How would you describe the music that you play? I’ve heard it described as jazz, you described it as funk also?

When you hear us, many say we don’t sound like jazz. Our trio is made by three different guys whose influences are very different. Mike brings the jam band aspect to the group. Nick loves funky beats and is heavily into fusion. I like to improvise and love New Orleans music.

When we compose, our music comes from melodies long ago, and because the old Native American melodies have one long melody, we decide what we are inspired by and bring that melody back to our age of time and fuse it with what we are today. I would almost like to call our style simply “music.” After people hear us perform, they say that the trio sounded like: jazz, funk, fusion, world, jam, Asian, etc. I must say they are not wrong. For now, we call it Native American Jazz/Funk.

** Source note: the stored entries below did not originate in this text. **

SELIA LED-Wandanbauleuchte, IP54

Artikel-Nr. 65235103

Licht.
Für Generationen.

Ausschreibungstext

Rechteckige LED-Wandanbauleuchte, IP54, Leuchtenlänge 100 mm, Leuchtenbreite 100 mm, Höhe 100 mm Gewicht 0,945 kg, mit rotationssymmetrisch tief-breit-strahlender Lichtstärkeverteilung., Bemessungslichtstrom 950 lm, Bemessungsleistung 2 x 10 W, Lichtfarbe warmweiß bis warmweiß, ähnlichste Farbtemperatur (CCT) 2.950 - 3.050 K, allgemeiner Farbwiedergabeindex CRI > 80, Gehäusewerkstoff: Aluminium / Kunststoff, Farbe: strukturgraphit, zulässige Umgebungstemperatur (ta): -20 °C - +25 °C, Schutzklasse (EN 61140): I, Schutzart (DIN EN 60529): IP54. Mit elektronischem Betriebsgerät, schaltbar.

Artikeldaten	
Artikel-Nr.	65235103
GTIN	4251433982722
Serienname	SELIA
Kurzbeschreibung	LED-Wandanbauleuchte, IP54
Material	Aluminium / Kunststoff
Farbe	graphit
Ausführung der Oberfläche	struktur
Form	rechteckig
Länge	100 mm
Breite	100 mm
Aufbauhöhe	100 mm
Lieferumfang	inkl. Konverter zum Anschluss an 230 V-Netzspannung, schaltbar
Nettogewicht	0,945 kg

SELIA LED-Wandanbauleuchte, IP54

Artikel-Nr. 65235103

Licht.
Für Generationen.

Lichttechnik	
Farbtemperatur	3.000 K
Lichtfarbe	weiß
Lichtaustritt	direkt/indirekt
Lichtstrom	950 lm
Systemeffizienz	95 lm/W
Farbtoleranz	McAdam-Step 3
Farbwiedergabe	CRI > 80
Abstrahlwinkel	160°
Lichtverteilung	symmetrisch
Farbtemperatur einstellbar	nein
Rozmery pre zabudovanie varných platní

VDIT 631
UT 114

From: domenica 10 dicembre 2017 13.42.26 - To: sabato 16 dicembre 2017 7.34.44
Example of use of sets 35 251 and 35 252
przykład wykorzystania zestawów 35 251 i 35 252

Why should people care about jazz? Why are you drawn to it?

Jazz is known to be America’s Music. Jazz was created by many different cultures in America. After the jazz foundation was created, many musicians expanded on the music which brings us to most music we hear and play today. I see my music as being an addition to the jazz genre to create a new form of contemporary music. It’s hard to give music a genre when it’s contemporary. If I had to choose, I would simply call it “music”. Musicians have been playing standard jazz for many years, the same tunes…the one thing that keeps jazz alive is the improvising aspect.

Our trio tried playing jazz standards when we first got together, we found out really quick we were not something new…yet we loved improvising, funk and jam bands. Soon our sound began to change and with the help of my cultures early music, we created a whole new form of music. Many musicians have not fused such genres with ancient Native American music, however, we know of tenor saxophonist, Jim Pepper, who began to fuse jazz with his native culture. We like to say we are continuing Pepper’s legacy.

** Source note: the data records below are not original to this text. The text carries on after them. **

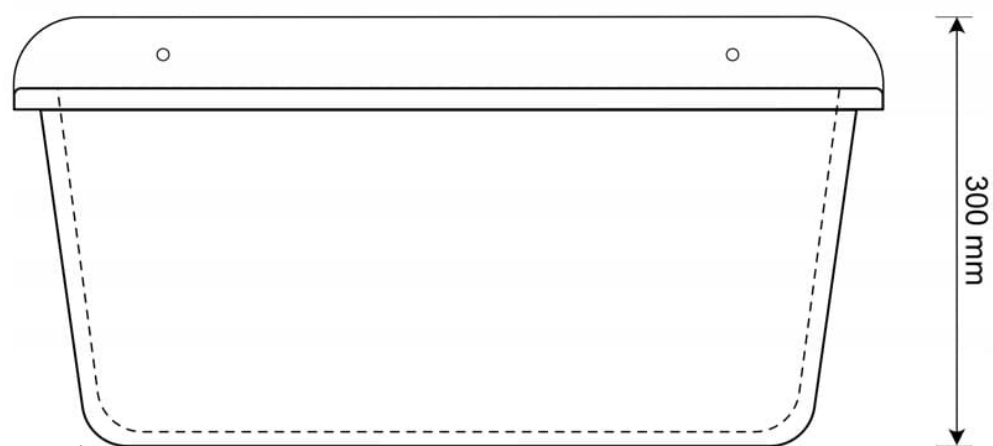

☐☐ Specyfikacja techniczna:

- **Typ:** Komora gospodarcza
- **Kolor:** Biały
- **Materiał:** Polipropylen
- **Wymiary zewnętrzne:** 610 × 410 mm
- **Wymiary komory:** 560 × 300 mm
- **Głębokość:** 300 mm
- **Średnica odpływu:** Ø50 mm
- **Odpowiednia do baterii:** Ściennych i stojących
- **Zastosowanie:** Garaże, pralnie, kotłownie, warsztaty, ogrody

Schemat Techniczny

Długość Zlewozmywaka	610 mm
Szerokość Zlewozmywaka	410 mm
Punkty pod Otwory \varnothing 35 mm	dwie półki z możliwością dowiercenia otworów
Rozmiar Odpływu	50mm
Ilość Komór	1
Długość Komory	560 mm

Szerokość Komory	300 mm
Głębokość Komory	260 mm
Zlewozmywak gospodarczy przeznaczony do montażu na ścianie	zestaw montażowy

I believe our music is important in terms of preserving cultural music. Ancient Native American music fused with jazz is just the beginning, who knows a year from now we may be fusing with other world cultures. Our music preserves cultural music and puts it in an understandable musical sense for all ages.

Being contemporary to me is creating something that is not planned in the present moment. The fusion of Native American culture and jazz does sound unique but our solos make it even more contemporary.

How did you become interested in the music you play?

My mid-school teacher, Janet Isham, was the one who introduced me to jazz. After playing in our first rehearsal, I remember I loved playing to the backbeat of the drums. I thought it was the coolest thing ever. From that point on I was hooked. I played in jazz band till I graduated high school. During high school I was playing with the college jazz band and picked up on improvising. I didn’t know much of improvisation until I went to college and began to study improvisation at Eastern New Mexico University.

As far as other people being influenced by rock, metal and country, I think it’s great to see them go out and begin to experience performance. I understand that those genres and rap have been popular on the reservations for quite some time.

I do encourage all the musicians to invest in private lessons of their instrument. Right now many musicians on the reservation are self-taught. Once they begin to learn the aspects of the instrument and do some studying, only then will they be able to create new music they love. I’m happy that others are going out there and playing, that’s what it’s all about.

Who are your influences?

My influences come from so many people. Ones that I have focused on heavily throughout my music journey are: Lee Morgan, Freddie Hubbard, Michael Brecker, Joshua Redman, Roy Hargrove, Troy Andrews, Brian Blade, Esperanza Spalding, Antonio Sanchez…and many more.

So what’s next for the Delbert Anderson Trio?

We will be coming out with our second album this December. We have jazz festivals lined up and some PBS specials and documentaries that are scheduled for next year. We will be doing more recording for independent films. The trio will begin to perform with orchestras and symphonies. Tons of collaborations will occur in general.